No mercado europeu, no qual são vendidas permissões de
emissão de CO2 --também chamados "direitos para
poluir"-- o preço da tonelada se reduziu praticamente a
um terço de seu valor médio de 2008, quando se situava
nos 30 euros.
No início de fevereiro, o preço da tonelada caiu pela
primeira vez abaixo dos 10 euros. Nesta semana, ela era
vendida a 9,20 euros no mercado de Blue Netx, em Paris.
A explicação é muito simples: a crise econômica provocou
uma queda da atividade dos produtores de eletricidade,
cimento e aço, que, consequentemente, reduziram suas
emissões de CO2.
"Considera-se que um ponto de crescimento menor do
Produto Interno Bruto (PIB) na Europa equivale a 30
milhões de toneladas de CO2 a menos. Existe um efeito
mecânico", explicou David Rapin, diretor de
desenvolvimento do Blue Next.
Dessa maneira, a redução das emissões de gases de efeito
estufa por culpa da crise é, a curto prazo, uma boa
notícia para o ambiente. No entanto, o temor é o de que
contaminar a baixos custos elimine os incentivos para
investir em energias renováveis e tecnologias menos
poluentes.
"Não é uma boa notícia para os investimentos verdes.

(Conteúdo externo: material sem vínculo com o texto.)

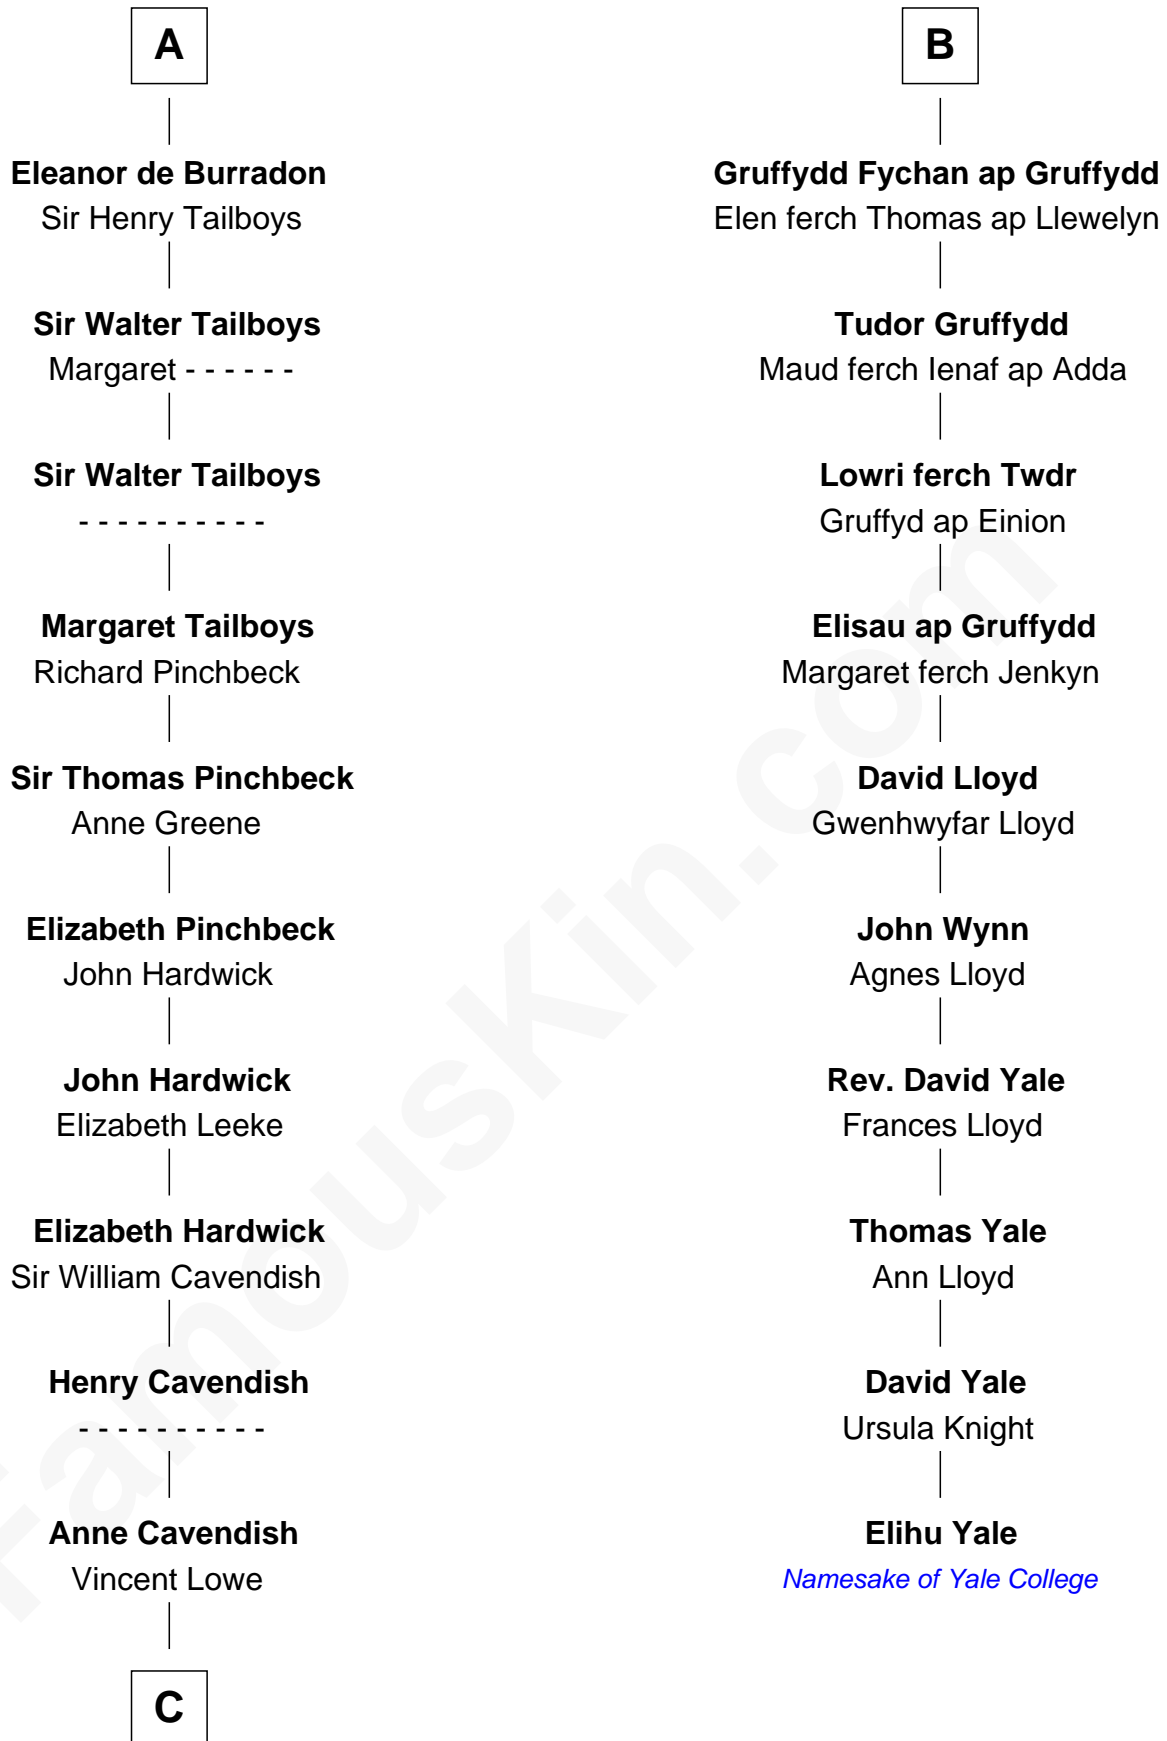

FamousKin.com

Relationship Chart of

Charles Carroll

Signer of the Declaration of Independence

16th cousin 5 times removed of

Elihu Yale

Benefactor and Namesake of Yale College

Walter of Salisbury

C

—
Jane Lowe

Col. Henry Sewall

—
Nicholas Sewall

Susanna Burgess

—
Jane Sewall

Clement Brooke

—
Elizabeth Brooke
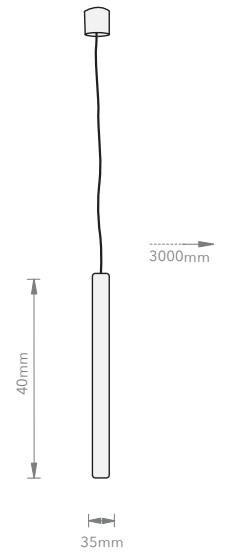

SOFISTICATO

Koen Van Guijze

SERAX

PRODUCT INFO

Sofisticato Nr. 10
B7219369

TYPE

Pendant Lamp

MATERIAL

Blue Steel

CORD LENGTH

3000 mm

SWITCH

None

LIGHT SOURCE

LED G9

MAX WATT

5 W

LAMP

Not included

CERTIFICATION

Class 1

ENVIRONMENT

Indoor

Find the complete manual,
in the Safety Directions.

Enquanto preço do CO2 estiver baixo, os industriais, por
visão a curto prazo, não farão os investimentos
necessários a médio e longo prazo", disse Damien
Demailly, do Fundo Mundial para a Natureza (WWF, na
sigla em inglês).
"A instabilidade dos preços do CO2 é uma das
fragilidades do sistema", afirmou.
Cada Estado membro da UE obteve uma cota de emissões de
CO 2 que foram distribuídas entre as diferentes
indústrias. Na prática, as empresas que emitem menos de
sua cota podem vender direitos de emissão no mercado.
Mudanças no mercado
Para alguns especialistas, a atual situação requer uma
reforma do mercado.
"A crise está 'fazendo seu trabalho' e nós não estamos
fazendo nada. Os investimentos verdes se reduziram em um
momento em que se devia fazer mais pelo clima", explicou
Cedric Philibert, da Agência Internacional de Energia (AIE),
autor de um estudo sobre os preços básicos e os preços
máximos.
"São necessários preços de base, pois isso dá confiança
aos investidores, e preços máximos para que não se
hesite em optar por objetivos mais ambiciosos", afirmou.
Em compensação, os defensores do mercado de carbono em
sua atual forma não discutem seu funcionamento e
consideram que, quanto mais ambicioso forem os objetivos
internacionais para lutar contra o aquecimento
climático, mais altos serão os preços do carbono.
"É um mercado muito jovem. A longo prazo, o consenso dos
especialistas é que os preços serão mais elevados",
afirmou Rapin.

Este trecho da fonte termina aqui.